Look for "RENAULT" in the records and copy every line that has it.

# # # # #

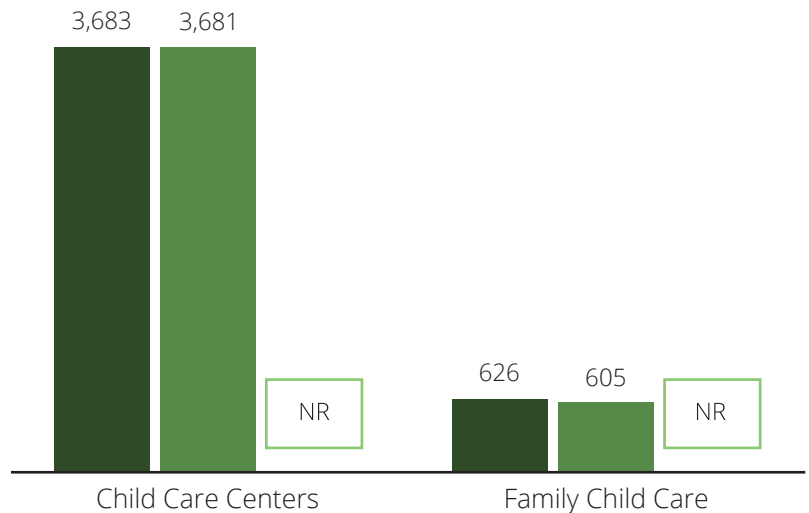

## Children in Tennessee

Children under six  
482,054

Children with all parents in the workforce  
296,309

Children at or near poverty level  
236,704

## Child Care Spaces

2018 2019 As of July 2020

Child Care Center Spaces  
305,915  
309,698  
NR

Family Child Care Spaces  
6,147  
5,908  
NR

## Child Care Programs

2018 2019 As of July 2020

## Child Care Affordability
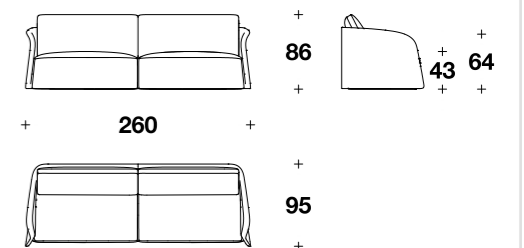

SWAN 3 SEATER SOFA

1SW (D3) - Frame leather Maine Extra 198 Quartz Grey, back and seat cushions Allure Vip 604 Avio
Decorative cushions: BCS07/50-50x50 Trevor Top 550, BCS01/30-30x40 Allure Vip 605 Fog Blue with logo

L 260 cm - D 95 cm - H 86 cm - HS 43 cm
L 102 1/3" - D 37 1/3" - H 34" - HS 17"
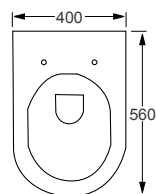

RAK
CERAMICS
RIMLESS

FEELING GREY/BLACK		RRP
Q4-12352	Wall Hung Pan	● £554
Q4-12353	Soft Close Seat	● £160
Q4-12351	Wall Hung Pan	● £554
Q4-12354	Soft Close Seat	● £160

Technical Information

- Soft-close seat
- Quick-release seat
- Rimless WC
- Requires frame system
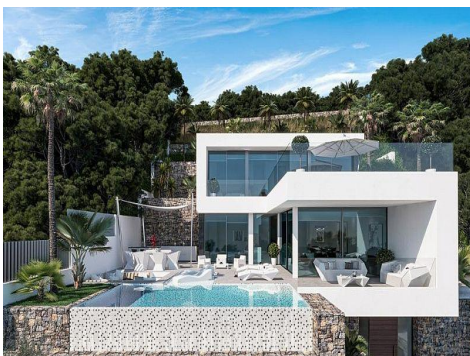

Ref: RSP-N5667

Price: 1,550,000€

-  **Villa**
-  **Calpe**
-  **4**
-  **5**
-  **427m<sup>2</sup> Build Size**
-  **637m<sup>2</sup> Plot Size**
-  **Pool: Yes**

EXCLUSIVE VILLA WITH SPECTACULAR VIEWS&#13;&#13; New construction villa in Calpe with excellent views of the Sea, Peñón, and the bay of Calpe.&#13;&#13; High tech villa with excellent high standing construction materials.&#13;&#13; The House is built on 3 levels, connected by an interior elevator.&#13;&#13; The house has home automation, BBQ area, Chillout area, underfloor heating, Design garden, infinity pool.&#13;&#13; Located in the Maryvilla de Calpe urbanization, a short distance from the beach and all the necessary services.&#13;

UK +44 333 022 0135

Email: [info@1casa.com](mailto:info@1casa.com)

Web: [www.1casa.com](http://www.1casa.com)

EXCLUSIVE VILLA WITH SPECTACULAR VIEWS&#13;&#13; New construction villa in Calpe with excellent views of the Sea, Peñón, and the bay of Calpe.&#13;&#13; High tech villa with excellent high standing construction materials.&#13;&#13; The House is built on 3 levels, connected by an interior elevator.&#13;&#13; The house has home automation, BBQ area, Chillout area, underfloor heating, Design garden, infinity pool.&#13;&#13; Located in the Maryvilla de Calpe urbanization, a short distance from the beach and all the necessary services.&#13;
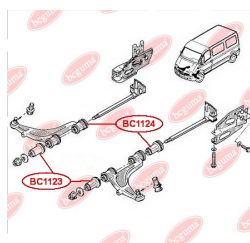

BC1123

CONTROL ARM-/TRAILING ARM BUSH

www.en.bcguma.ua/auto/BC1123

Part Number:	BC1123
GTIN-13:	4823101805802
Number of other manufacturers (OEMs):	5457000QAA; 7700302122; 7700302439; 4500094; 09160394; 9160394;
Weight, g:	453
Required amount:	2
Items in Package:	1
External diameter, mm:	55.5
Inner diameter, mm:	28.2
Thickness, mm:	74.0
Material:	Metal / Rubber
That installation:	Front
Party settings:	Left / Right

APPLICABILITY:

ALFA ROMEO, NISSAN, OPEL, RENAULT, VAUXHALL, VW

CONTROL ARM-/TRAILING ARM BUSH

www.en.bcguma.ua/auto/BC1124

Part Number:	BC1124
GTIN-13:	4823101805819
Number of other manufacturers (OEMs):	5442300QAA; 7700302440; 7700302123; 4500095; 09160395; 9160395
Weight, g:	468
Required amount:	2
Items in Package:	1
External diameter, mm:	55.5
Inner diameter, mm:	28.2
Thickness, mm:	79.0
Material:	Metal / Rubber
That installation:	Front
Party settings:	Left / Right

APPLICABILITY:

ALFA ROMEO, FIAT, NISSAN, OPEL, RENAULT, VAUXHALL

BC1124

# # # # #

#### TASK OUTPUT:
ALFA ROMEO, NISSAN, OPEL, RENAULT, VAUXHALL, VW
ALFA ROMEO, FIAT, NISSAN, OPEL, RENAULT, VAUXHALL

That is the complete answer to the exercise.